Pressure Builds for Range-bound Aussie Dollar

(19 May 2021 – Australia) The Australian dollar (AUD) has flat lined for most of H1 2021, defying record highs in iron ore prices and equities.

Currency strategists are bullish, making a case to the upside for the Aussie Dollar to advance to US$0.800 and beyond on the back of an optimistic global economic growth projection.

The Aussie Dollar appreciated strongly in Q4 2020 as the global growth outlook improved on the back of promising COVID-19 vaccine trials yet has remained firmly range-bound ever since, a desirable outcome for the Reserve Bank of Australia (RBA).

The AUD is currently trading at US$0.788, relatively unchanged from the start of the year after rising to US$0.800 at the end of February then falling back and bouncing around within a narrow two cent range through H1 2021.

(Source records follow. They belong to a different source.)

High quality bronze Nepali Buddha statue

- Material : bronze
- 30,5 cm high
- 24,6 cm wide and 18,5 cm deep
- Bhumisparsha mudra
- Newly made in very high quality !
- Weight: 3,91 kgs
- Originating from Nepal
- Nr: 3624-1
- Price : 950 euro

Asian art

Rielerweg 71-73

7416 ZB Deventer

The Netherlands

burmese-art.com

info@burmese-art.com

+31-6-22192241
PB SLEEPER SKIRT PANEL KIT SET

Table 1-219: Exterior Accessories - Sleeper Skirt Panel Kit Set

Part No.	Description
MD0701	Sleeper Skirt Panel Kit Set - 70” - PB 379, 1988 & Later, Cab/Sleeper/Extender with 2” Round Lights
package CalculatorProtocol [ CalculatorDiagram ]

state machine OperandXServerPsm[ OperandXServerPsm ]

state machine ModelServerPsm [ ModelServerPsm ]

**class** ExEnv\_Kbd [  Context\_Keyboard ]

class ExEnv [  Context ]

East & Partners Currency Forecast research, based on direct interviews with 2,586 Australian importers and exporters in September 2020, revealed CFOs and corporate treasurers expect the AUD to weaken against the greenback to US$0.722 by the end of H1 2021. Forecasts were also captured for GBP, EUR, RMB and NZD. This clearly illustrates how quickly markets shifted out of the worst of the COVID-19 pandemic in the country alongside booming resources prices, especially iron ore, and a faster than expected recovery  in trade volumes.

How are corporates hedging their short, medium and long term exposure given the longer the AUD remains range bound, the larger the “breakout” to the upside or downside will likely be?

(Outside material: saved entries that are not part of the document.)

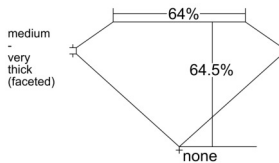

GIA®

FACSIMILE

GIA REPORT 6552106654

Verify this report at GIA.edu

GIA NATURAL DIAMOND DOSSIER®

April 28, 2026
GIA Report Number 6552106654
Shape and Cutting Style ..... Pear Brilliant
Measurements ..... 8.20 x 5.25 x 3.39 mm

GRADING RESULTS

Carat Weight ..... 0.90 carat
Color Grade I
Clarity Grade SI2

ADDITIONAL GRADING INFORMATION

Polish ..... Excellent
Symmetry ..... Excellent
Fluorescence ..... None
Clarity Characteristics ..... Feather, Crystal
Inscription(s): GIA 6552106654

PROPORTIONS

Profile not to actual proportions

GRADING SCALES

GIA COLOR SCALE		GIA CLARITY SCALE			
COLORLESS	D	VERY VERY SLIGHTLY INCLUDED	FLAWLESS		
	E		INTERNALLY FLAWLESS		
	F	VERY SLIGHTLY INCLUDED	VVS₁		
	G		VVS₂		
	H		VS₁		
	NEAR COLORLESS	I	SLIGHTLY INCLUDED	VS₂	
		J		SI₁	
		FAINT	K	INCLUDED	SI₂
			L		I₁
			M		I₂
VERT LIGHT	N	LIGHT	I₃		
	O				
	P				
	Q				
	R

“The longer the Australian dollar remains such a distance from where commodity prices are, the less likely it ever gets there. It certainly tempers my confidence in the scale of Aussie appreciation from here” stated Westpac Senior Currency Strategist, Sean Callow.

“Ultimately, commodity prices usually go up because of strong global growth and I think the Australian dollar is more tied to the strong global growth dynamic than the commodity price dynamic per se” commented ANZ Currency Strategist, Daniel Been.

“If commodity prices are just going up because of supply, then the Aussie dollar will not follow then as sharply because the market will look through it as a temporary boost. Whereas if they are going up because of strong demand then people see it as more sustained, and usually you see the Aussie dollar moving alongside commodity prices” Mr Been added.